BRIEF ::
Of the lines in the material below, print only those from the one containing "Additional Information" to the one containing "2011-14 FORD SUPER DUTY BUMPER LIGHT BAR KIT", ends included, exactly as written and without pictures.

RECORD SET ::
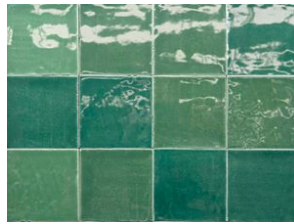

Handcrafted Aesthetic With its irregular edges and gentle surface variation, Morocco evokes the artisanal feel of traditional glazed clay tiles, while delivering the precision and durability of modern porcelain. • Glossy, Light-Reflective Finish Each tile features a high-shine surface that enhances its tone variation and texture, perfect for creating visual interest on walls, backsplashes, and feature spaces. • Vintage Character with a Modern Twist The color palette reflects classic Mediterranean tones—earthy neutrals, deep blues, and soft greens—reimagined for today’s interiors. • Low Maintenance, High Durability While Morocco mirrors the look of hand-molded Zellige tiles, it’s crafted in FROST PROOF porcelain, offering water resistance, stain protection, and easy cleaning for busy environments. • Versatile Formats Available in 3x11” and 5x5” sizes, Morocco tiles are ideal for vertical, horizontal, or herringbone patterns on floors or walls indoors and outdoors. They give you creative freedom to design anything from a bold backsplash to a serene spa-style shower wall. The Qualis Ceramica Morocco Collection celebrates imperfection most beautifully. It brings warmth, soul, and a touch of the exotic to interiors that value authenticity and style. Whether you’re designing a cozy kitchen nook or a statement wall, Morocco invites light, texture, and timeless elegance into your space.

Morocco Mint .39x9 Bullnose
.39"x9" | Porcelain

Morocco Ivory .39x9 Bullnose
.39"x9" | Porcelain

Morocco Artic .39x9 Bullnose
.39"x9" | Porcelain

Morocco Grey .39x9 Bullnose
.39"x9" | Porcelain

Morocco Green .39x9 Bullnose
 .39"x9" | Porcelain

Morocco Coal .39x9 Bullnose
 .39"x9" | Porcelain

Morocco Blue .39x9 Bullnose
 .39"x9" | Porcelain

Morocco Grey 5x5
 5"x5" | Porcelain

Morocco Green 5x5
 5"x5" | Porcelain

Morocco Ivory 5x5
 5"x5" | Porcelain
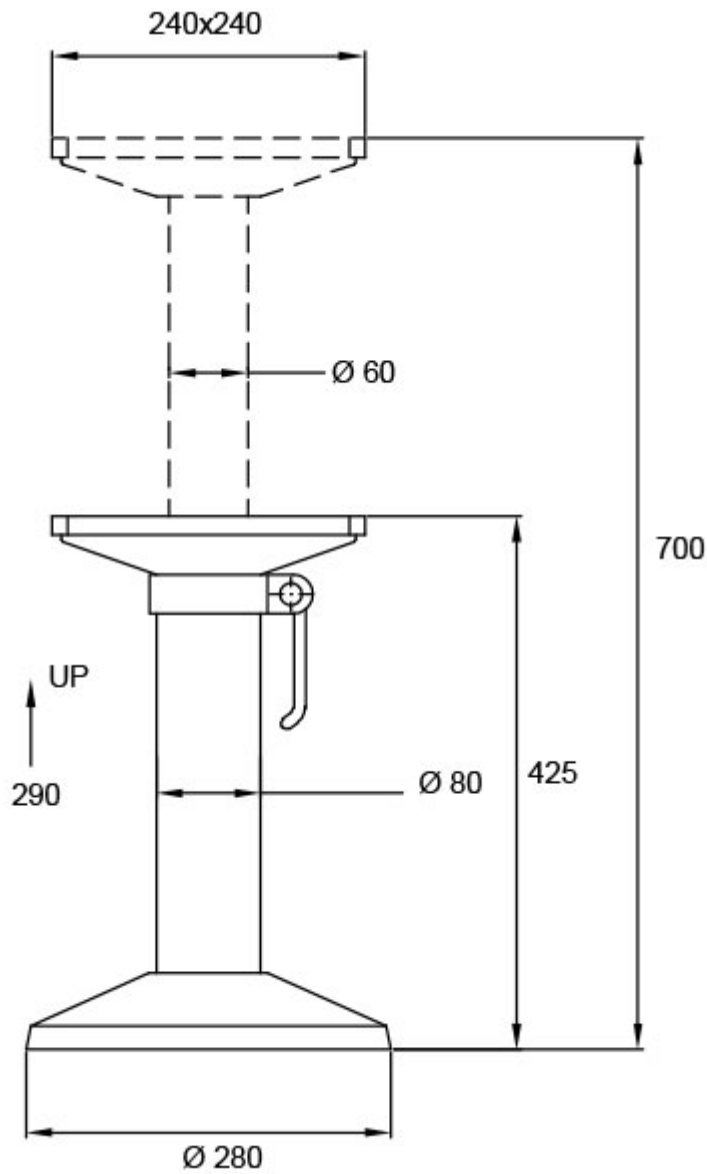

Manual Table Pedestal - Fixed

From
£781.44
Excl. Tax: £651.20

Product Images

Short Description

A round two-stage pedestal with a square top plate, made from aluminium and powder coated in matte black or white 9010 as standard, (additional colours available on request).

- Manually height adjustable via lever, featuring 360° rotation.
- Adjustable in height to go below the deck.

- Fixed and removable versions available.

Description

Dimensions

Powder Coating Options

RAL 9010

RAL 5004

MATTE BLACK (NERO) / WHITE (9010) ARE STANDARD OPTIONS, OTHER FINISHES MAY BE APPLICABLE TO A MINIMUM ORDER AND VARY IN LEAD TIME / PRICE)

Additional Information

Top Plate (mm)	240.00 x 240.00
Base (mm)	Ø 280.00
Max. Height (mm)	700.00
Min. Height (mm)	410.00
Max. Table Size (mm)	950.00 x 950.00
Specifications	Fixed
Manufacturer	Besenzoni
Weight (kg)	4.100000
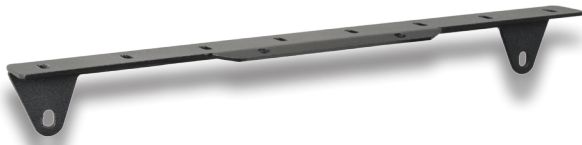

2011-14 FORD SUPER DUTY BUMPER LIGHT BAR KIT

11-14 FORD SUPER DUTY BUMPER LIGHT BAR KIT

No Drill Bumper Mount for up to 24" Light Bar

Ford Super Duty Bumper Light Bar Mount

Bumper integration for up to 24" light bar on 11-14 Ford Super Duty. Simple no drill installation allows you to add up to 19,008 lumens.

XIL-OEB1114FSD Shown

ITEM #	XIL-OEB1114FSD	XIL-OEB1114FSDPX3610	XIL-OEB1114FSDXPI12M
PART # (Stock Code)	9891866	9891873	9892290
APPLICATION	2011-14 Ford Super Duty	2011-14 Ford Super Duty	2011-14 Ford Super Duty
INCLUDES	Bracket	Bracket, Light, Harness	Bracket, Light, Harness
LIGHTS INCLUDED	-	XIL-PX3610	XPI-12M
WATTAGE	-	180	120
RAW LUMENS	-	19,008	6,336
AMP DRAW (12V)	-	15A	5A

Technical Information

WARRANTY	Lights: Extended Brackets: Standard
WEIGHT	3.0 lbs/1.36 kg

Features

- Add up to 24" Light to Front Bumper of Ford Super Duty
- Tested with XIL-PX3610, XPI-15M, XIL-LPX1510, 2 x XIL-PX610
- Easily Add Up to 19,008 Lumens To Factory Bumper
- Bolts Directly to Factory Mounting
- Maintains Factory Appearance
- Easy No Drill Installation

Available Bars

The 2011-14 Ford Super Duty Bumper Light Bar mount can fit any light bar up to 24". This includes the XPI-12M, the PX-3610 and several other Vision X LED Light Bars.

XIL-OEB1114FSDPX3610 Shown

...

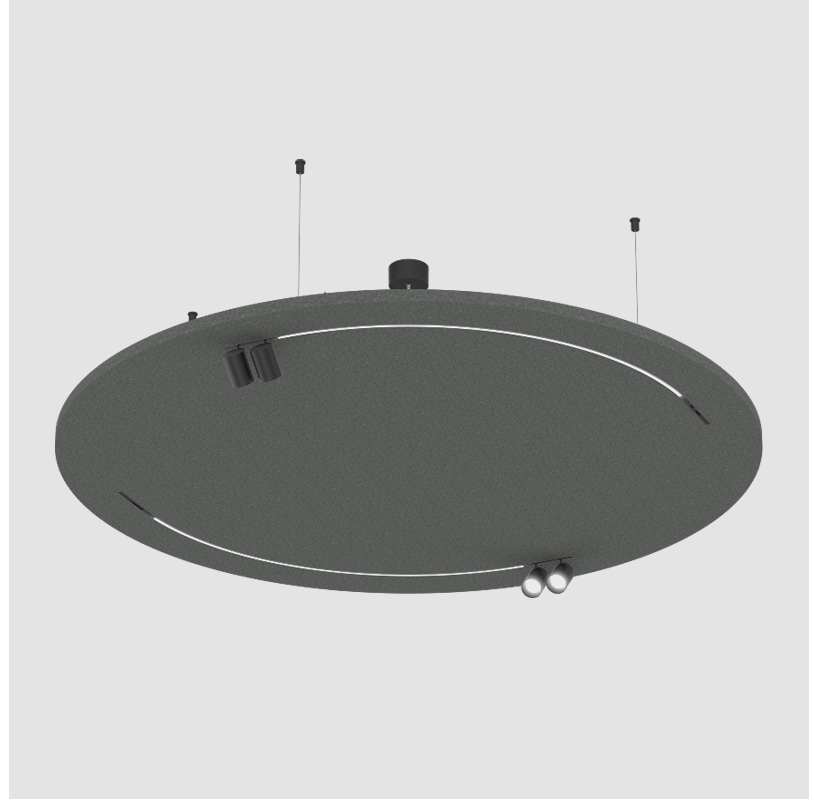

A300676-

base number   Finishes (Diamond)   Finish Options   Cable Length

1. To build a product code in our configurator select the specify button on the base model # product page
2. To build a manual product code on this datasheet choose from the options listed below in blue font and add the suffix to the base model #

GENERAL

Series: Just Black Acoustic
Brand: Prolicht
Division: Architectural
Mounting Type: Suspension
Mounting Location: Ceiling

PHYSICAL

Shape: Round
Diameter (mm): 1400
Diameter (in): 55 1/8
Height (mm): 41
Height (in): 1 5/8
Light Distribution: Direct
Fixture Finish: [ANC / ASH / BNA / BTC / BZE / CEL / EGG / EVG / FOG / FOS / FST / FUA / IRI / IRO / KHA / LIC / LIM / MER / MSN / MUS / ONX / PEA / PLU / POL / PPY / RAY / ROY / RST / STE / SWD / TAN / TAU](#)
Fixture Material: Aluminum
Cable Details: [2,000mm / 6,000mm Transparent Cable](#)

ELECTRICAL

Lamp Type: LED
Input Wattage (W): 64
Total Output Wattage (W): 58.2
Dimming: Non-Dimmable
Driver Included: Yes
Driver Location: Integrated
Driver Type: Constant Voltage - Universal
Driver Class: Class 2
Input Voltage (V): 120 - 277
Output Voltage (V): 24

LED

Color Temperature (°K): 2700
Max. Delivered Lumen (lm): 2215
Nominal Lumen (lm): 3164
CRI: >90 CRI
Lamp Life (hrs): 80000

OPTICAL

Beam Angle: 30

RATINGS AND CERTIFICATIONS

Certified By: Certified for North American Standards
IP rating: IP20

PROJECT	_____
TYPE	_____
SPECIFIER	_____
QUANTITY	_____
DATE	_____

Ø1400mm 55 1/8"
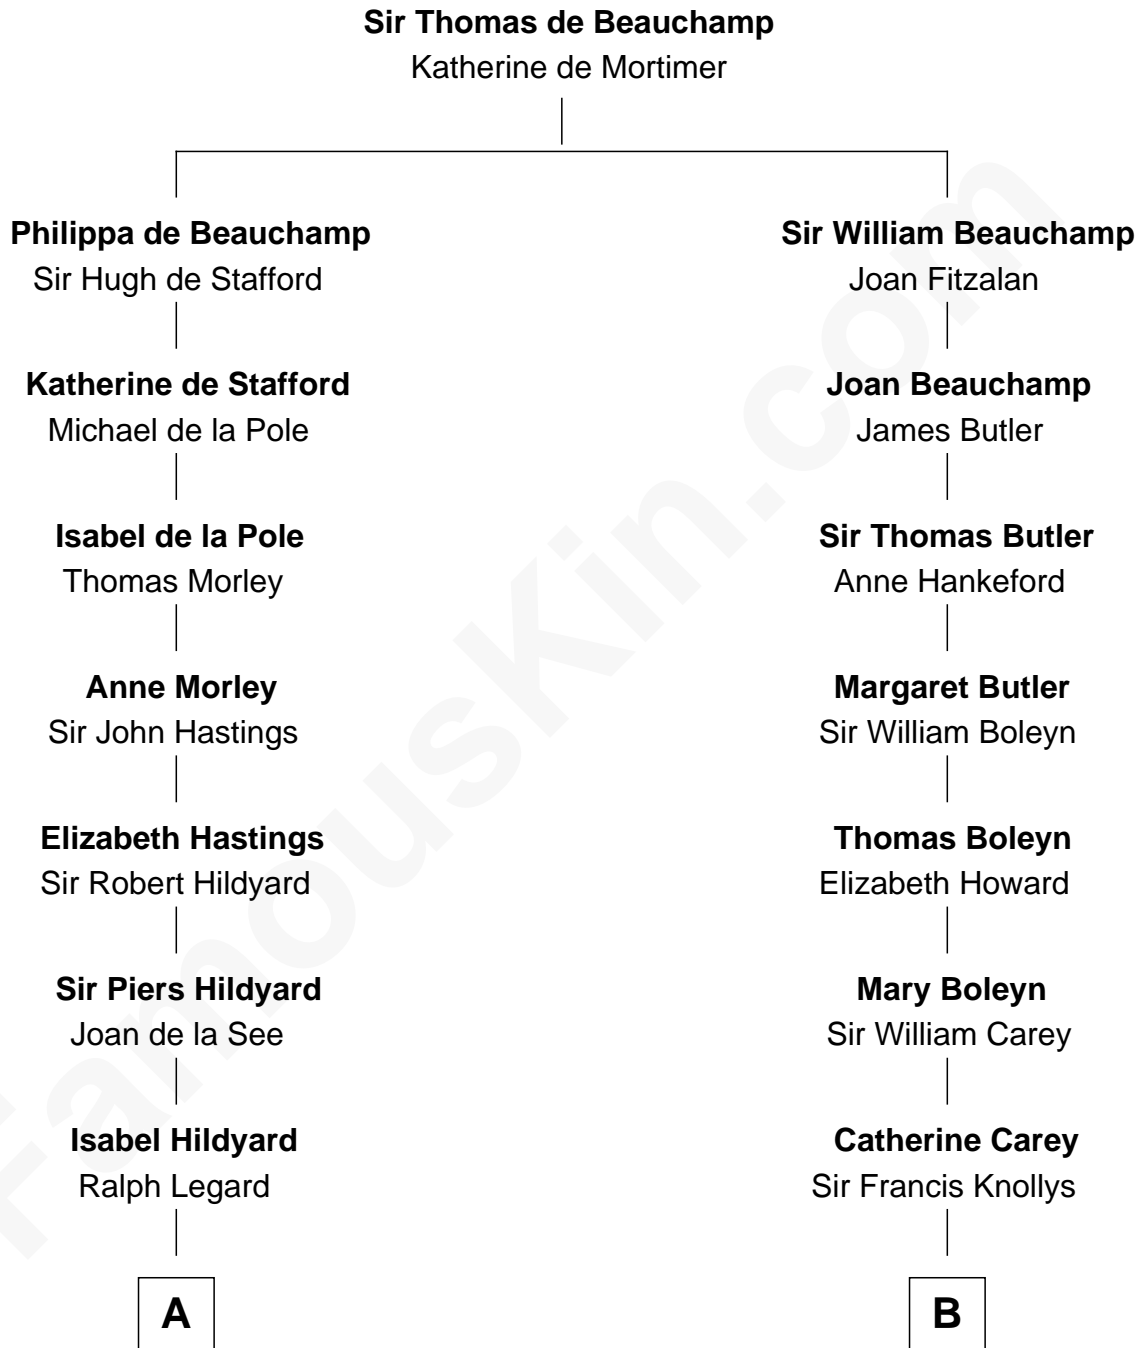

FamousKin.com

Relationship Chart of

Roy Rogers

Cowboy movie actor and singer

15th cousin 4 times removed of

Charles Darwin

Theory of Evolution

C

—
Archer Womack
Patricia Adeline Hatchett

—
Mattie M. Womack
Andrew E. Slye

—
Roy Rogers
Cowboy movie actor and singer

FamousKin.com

...

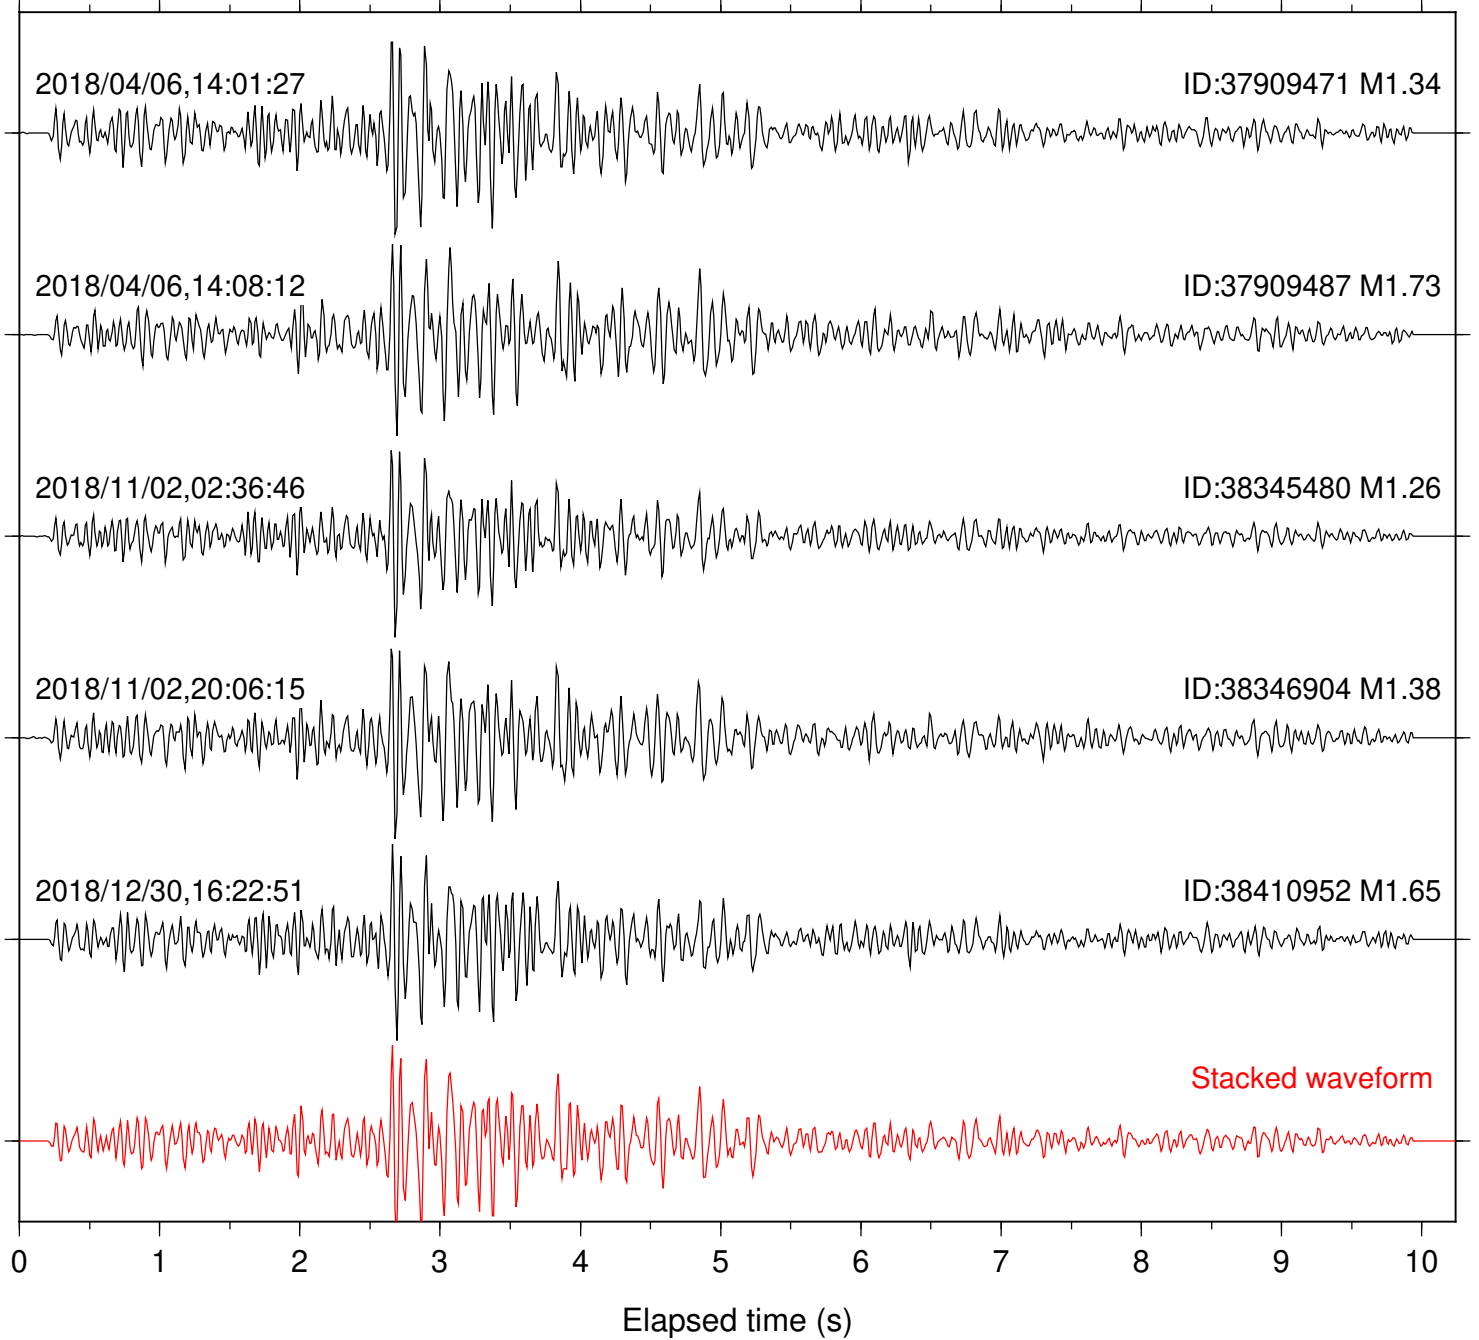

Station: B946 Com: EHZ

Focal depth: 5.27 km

EXERCISE SOLUTION ::
Additional Information

Top Plate (mm)	240.00 x 240.00
Base (mm)	Ø 280.00
Max. Height (mm)	700.00
Min. Height (mm)	410.00
Max. Table Size (mm)	950.00 x 950.00
Specifications	Fixed
Manufacturer	Besenzoni
Weight (kg)	4.100000

2011-14 FORD SUPER DUTY BUMPER LIGHT BAR KIT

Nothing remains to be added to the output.